REQUIRED ACTION: How many lines of these entries hold the string "PLUG"? Reply with the number alone.

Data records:
═══
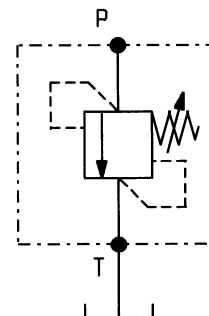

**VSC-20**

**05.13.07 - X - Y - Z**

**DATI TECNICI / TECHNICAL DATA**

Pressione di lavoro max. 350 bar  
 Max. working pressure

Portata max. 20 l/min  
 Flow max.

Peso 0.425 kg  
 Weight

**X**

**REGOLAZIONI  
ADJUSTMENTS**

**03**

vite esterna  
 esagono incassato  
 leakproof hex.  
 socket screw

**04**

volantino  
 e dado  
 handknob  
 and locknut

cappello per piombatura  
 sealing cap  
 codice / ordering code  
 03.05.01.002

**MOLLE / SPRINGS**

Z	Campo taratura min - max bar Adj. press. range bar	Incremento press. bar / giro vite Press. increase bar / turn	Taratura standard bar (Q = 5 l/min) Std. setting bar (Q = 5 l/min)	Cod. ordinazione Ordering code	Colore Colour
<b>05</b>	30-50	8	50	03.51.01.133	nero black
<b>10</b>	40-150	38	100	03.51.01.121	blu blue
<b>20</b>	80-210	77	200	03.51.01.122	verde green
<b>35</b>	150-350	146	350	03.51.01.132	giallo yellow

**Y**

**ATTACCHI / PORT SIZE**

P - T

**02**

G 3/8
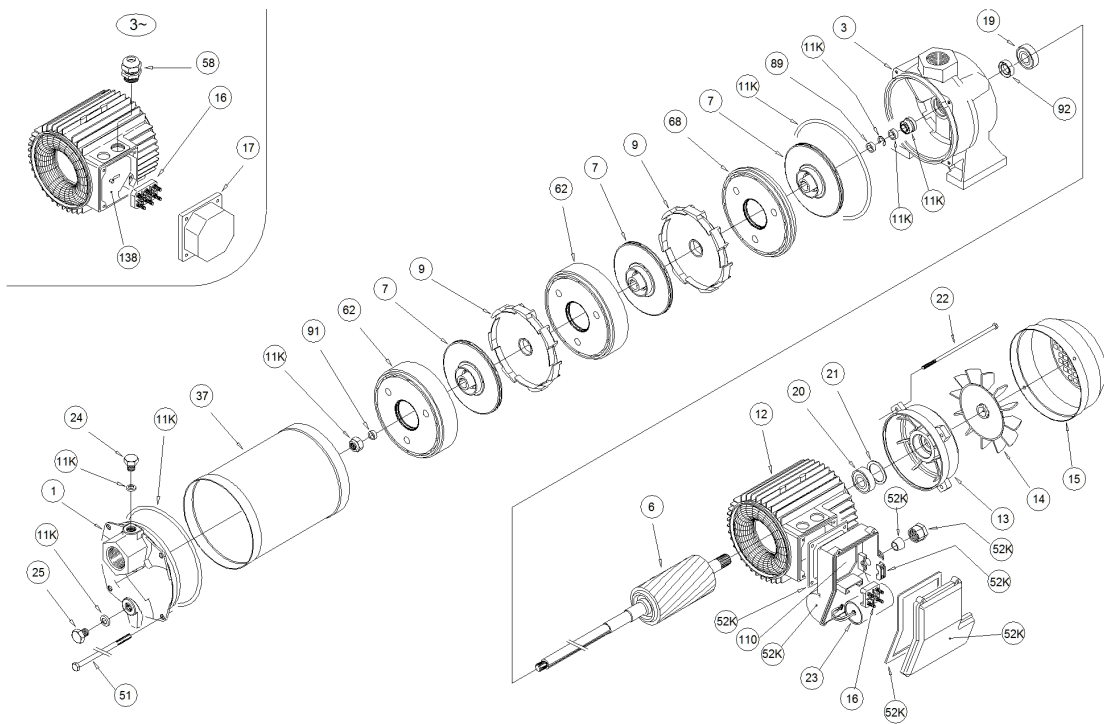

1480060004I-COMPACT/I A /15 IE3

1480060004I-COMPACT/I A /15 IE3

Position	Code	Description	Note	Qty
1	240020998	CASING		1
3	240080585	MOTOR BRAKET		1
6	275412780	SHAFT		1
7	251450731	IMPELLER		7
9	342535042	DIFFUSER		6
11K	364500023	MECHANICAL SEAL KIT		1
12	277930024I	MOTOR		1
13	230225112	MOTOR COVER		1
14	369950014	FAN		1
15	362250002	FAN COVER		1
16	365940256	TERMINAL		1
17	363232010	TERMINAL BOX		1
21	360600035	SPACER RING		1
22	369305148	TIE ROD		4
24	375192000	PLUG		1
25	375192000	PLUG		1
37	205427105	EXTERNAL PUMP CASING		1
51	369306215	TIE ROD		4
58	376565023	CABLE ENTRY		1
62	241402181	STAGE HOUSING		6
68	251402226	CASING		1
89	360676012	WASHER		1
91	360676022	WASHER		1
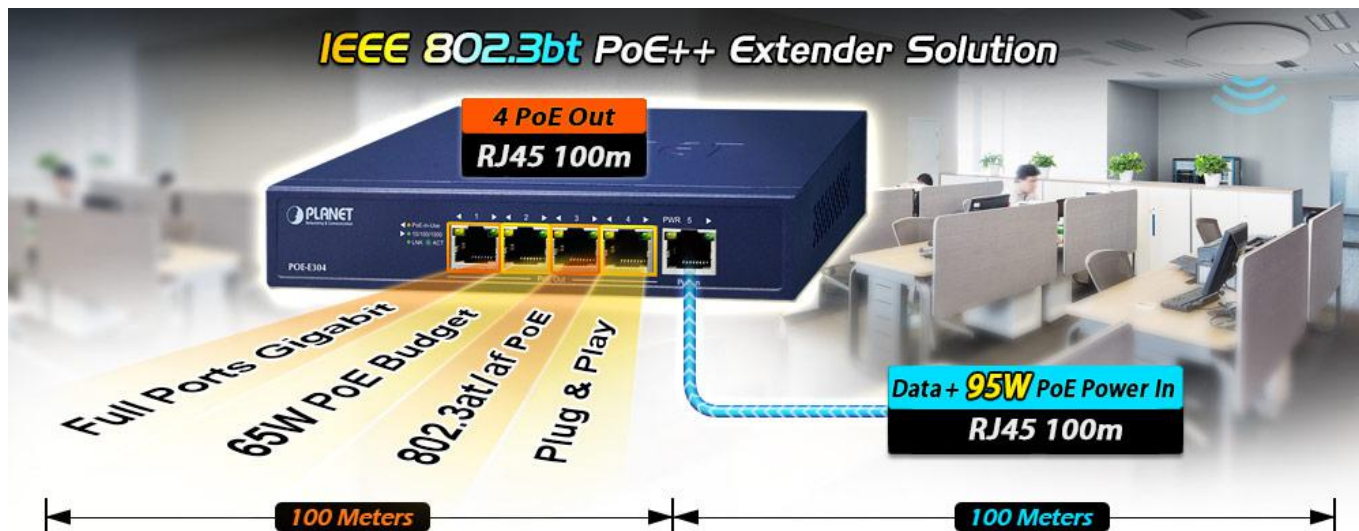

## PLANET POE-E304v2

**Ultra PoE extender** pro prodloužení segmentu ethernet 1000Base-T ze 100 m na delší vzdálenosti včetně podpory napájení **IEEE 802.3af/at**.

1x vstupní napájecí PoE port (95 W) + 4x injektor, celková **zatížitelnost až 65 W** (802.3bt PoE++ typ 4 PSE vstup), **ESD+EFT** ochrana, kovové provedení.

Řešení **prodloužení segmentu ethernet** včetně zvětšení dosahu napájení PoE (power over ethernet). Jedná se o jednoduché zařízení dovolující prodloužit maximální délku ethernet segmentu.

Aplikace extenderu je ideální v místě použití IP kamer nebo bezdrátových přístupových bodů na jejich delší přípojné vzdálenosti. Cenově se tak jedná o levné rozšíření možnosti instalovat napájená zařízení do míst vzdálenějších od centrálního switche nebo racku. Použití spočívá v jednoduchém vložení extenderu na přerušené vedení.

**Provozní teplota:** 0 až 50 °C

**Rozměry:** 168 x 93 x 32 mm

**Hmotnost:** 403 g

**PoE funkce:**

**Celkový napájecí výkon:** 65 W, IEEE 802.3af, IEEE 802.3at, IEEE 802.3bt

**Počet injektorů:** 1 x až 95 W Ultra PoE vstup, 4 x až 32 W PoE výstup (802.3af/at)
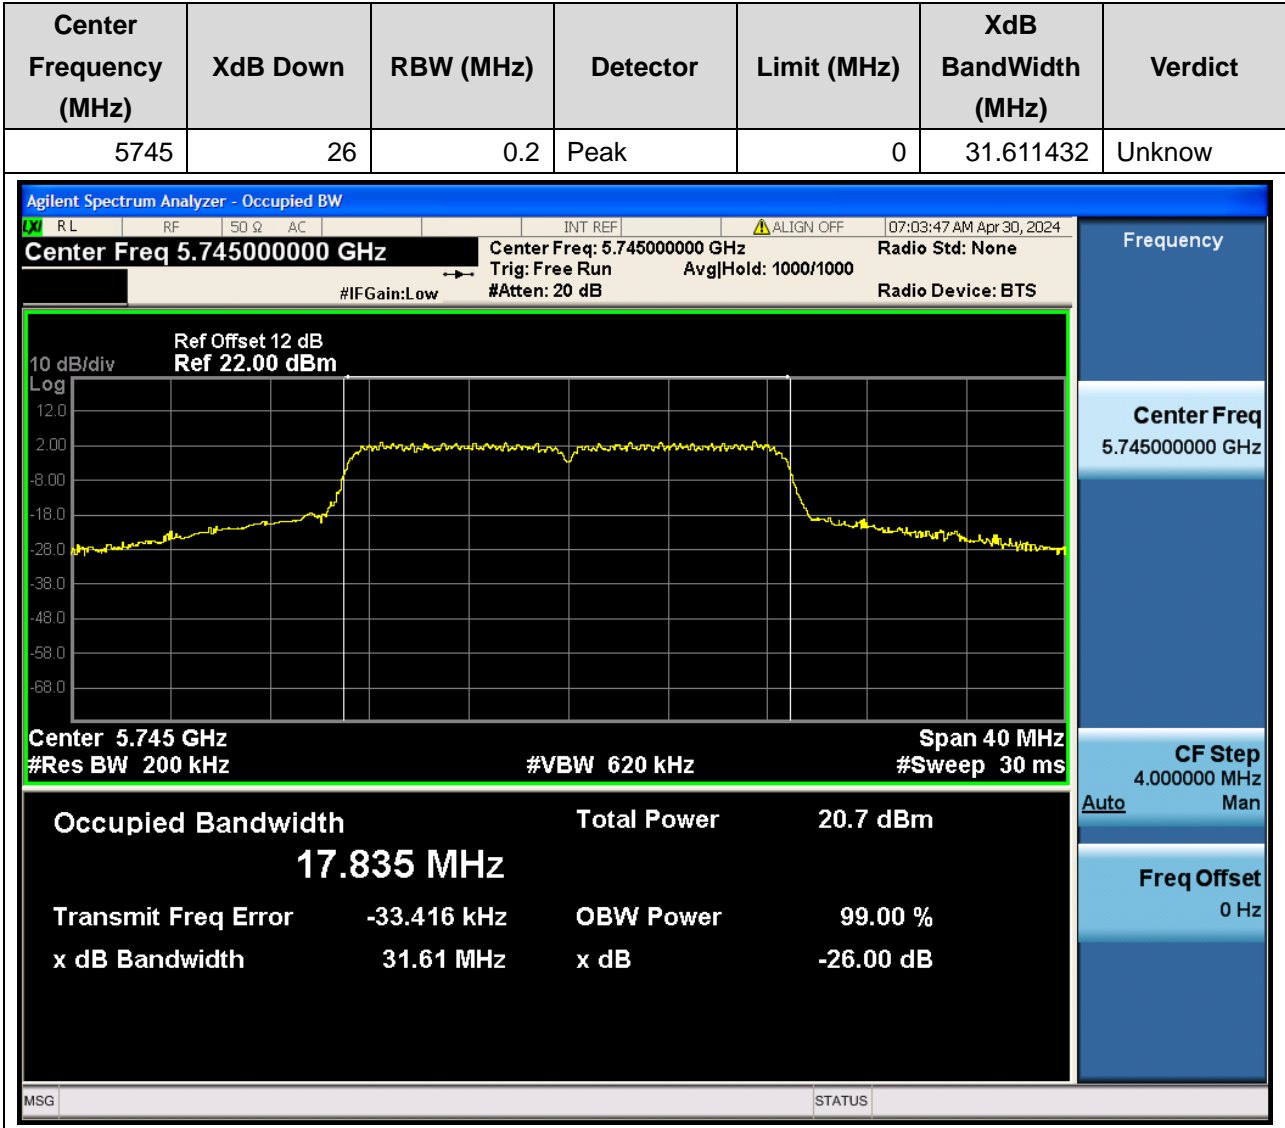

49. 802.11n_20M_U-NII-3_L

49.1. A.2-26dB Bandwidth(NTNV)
═══
REPLY TO THE EXERCISE: 2